Published by Piatkus,
4 August 2016.
ISBN: 978-0-349-41080-7 (PB)



J D Robb fans will be delighted to know, if they don’t already, that the sizzling In Death series now numbers forty-two, with a forty-third on the stocks for later this year.

J D is at her breathcatching best when the crime under investigation by ace New York cop Lieutenant Eve Dallas stirs up memories of her own damaged past. In Brotherhood in Death, both Eve and the reader find themselves conflicted, as they are reminded that the protagonist isn’t necessarily the most guilty person, and murder is sometimes not so much a heinous crime as... well, read it and you’ll find out for yourself.

The case starts out pretty close to home, if by home we mean people we love and respect. Dr Charlotte Mira, the police department’s psychologist and profiler, has long since stood as a mother-figure for Eve, and her deliciously absent-minded husband Dennis is set fair to do duty as the caring dad our heroine never had. When Dennis is attacked following his discovery of his injured cousin, it’s to Eve that the usually unflappable Dr Mira turns.

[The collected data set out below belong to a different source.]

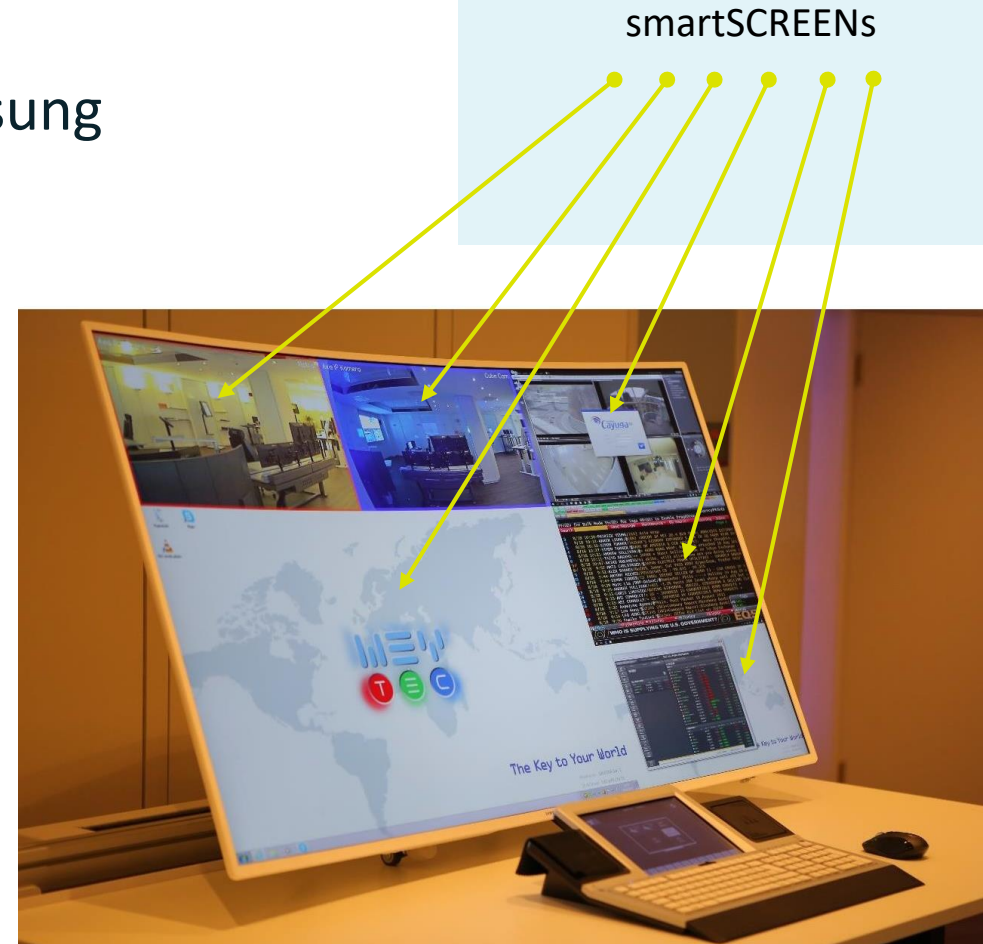

- Jeder Bildschirm der Großbildwand wird von einem **WEYTEC smartVISUAL Receiver** angesteuert.
- Die Bedienung der Großbildwand erfolgt über eine **webbasierte Benutzeroberfläche** oder über die **WEYTEC smartTOUCH** Bedieneinheit(en).
- Die Steuerung der Großbildwand ist **von mehreren Arbeitsplätzen aus** möglich

WEYTEC smartVISUAL

mit WEYTEC distributionPLATFORM & smartTOUCH

SIGNALQUELLEN

SIGNALÜBERTRAGUNG

WEYTEC smartVISUAL

Verwendung als Personal Video Wall Lösung

- Erweiterung der WEYTEC distribution PLATFORM durch Installation von WEYTEC smartVISUAL Receivern am Arbeitsplatz.
- Bedienung / Signalquellen-Umschaltung der Personal Video Wall über die WEYTEC smartTOUCH Bedieneinheit(en).
- Gleichzeitige Anordnung verschiedener Signalquellen in individuell positionierbaren und skalierbaren Fenstern auf

Hamburg S-Bahn, Deutschland, Verkehrsleitstelle

WEYTEC smartVISUAL

Verwendung als Personal Video Wall Lösung

- Effektive Nutzung hoch aufgelöster Einzelbildschirme als „Personal Video Wall“ am Arbeitsplatz.
- Gleichzeitige Darstellbarkeit von WEYTEC IP Remote Streams und IP Video Streaming (IP Kameras, IP TV, ...) auf Arbeitsplatz-Bildschirmen.

SMARTvisual grid selection

WEYTEC smartVISUAL

Verwendung als Personal Video Wall Lösung

- Auswahl von **verschiedenen vordefinierten smartSCREEN Layouts** über Buttons auf dem Touch-Bildschirm der WEYTEC smartTOUCH Bedieneinheit.

The first twist is that when Dennis regained consciousness his cousin had disappeared – but that’s just the tip of a horrifying iceberg. The grotesque sequence of events which follows stirs up Eve’s old nightmares, which naturally makes her all the more determined to ensure justice is done, with the help of the familiar supporting cast: Eve’s gloriously gorgeous billionaire husband Roarke, her partner Peabody (who has shed a few unwanted pounds at last!), geek detectives Feeney and McNab, investigative journalist Nadine Furst, and an increasingly well-defined team of cops and associates (Jenkinson’s colourful ties are becoming a feature!). J D Robb’s many fans know how it all works, complete with mid-21st century technological advances and the kind of nerve-tingling sex between Eve and Roarke which we lesser mortals only dream of.

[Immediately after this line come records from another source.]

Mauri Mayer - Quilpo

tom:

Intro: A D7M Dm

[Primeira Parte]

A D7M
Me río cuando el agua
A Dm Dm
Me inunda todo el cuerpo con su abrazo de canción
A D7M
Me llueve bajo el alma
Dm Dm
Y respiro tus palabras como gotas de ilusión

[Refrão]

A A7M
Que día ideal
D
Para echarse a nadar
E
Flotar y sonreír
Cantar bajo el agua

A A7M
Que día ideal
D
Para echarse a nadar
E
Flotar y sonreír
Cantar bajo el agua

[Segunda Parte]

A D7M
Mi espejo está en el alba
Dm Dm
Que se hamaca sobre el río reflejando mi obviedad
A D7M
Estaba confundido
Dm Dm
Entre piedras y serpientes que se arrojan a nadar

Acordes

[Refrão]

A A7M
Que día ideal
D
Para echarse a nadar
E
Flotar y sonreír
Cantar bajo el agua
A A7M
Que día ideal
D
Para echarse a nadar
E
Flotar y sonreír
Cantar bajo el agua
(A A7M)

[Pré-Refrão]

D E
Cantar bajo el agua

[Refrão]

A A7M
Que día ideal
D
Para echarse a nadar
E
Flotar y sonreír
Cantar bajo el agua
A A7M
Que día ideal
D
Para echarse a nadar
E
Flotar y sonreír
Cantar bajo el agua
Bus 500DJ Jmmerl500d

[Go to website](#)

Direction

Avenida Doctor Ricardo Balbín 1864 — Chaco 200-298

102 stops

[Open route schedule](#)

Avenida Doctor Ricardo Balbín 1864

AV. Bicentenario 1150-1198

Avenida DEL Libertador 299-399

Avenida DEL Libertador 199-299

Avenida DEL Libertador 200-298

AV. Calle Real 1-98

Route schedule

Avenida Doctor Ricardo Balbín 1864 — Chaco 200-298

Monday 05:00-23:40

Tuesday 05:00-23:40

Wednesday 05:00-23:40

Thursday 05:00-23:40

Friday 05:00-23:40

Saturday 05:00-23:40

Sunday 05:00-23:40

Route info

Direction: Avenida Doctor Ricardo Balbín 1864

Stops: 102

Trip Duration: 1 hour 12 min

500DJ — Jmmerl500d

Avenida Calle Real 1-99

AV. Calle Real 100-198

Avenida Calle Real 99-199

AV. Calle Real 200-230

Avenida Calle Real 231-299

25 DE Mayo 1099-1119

A scattering of domestic and personal touches include Dennis Mira’s sublime hot chocolate, Eve’s loathing of air travel and Roarke’s attempts to shoehorn vegetables into Eve’s diet. Peabody supplies plenty of humorous moments, especially with her largely imaginary weight issues. There are plenty of sharply-drawn one-off or occasional characters. And of course justice is finally served, this time in more ways than one.

Some titles in J D Robb’s sometimes hair-raising, always highly readable In Death novels are a little more complex, a little more original than others – inevitable when a series runs this long. Brotherhood is up there with the best.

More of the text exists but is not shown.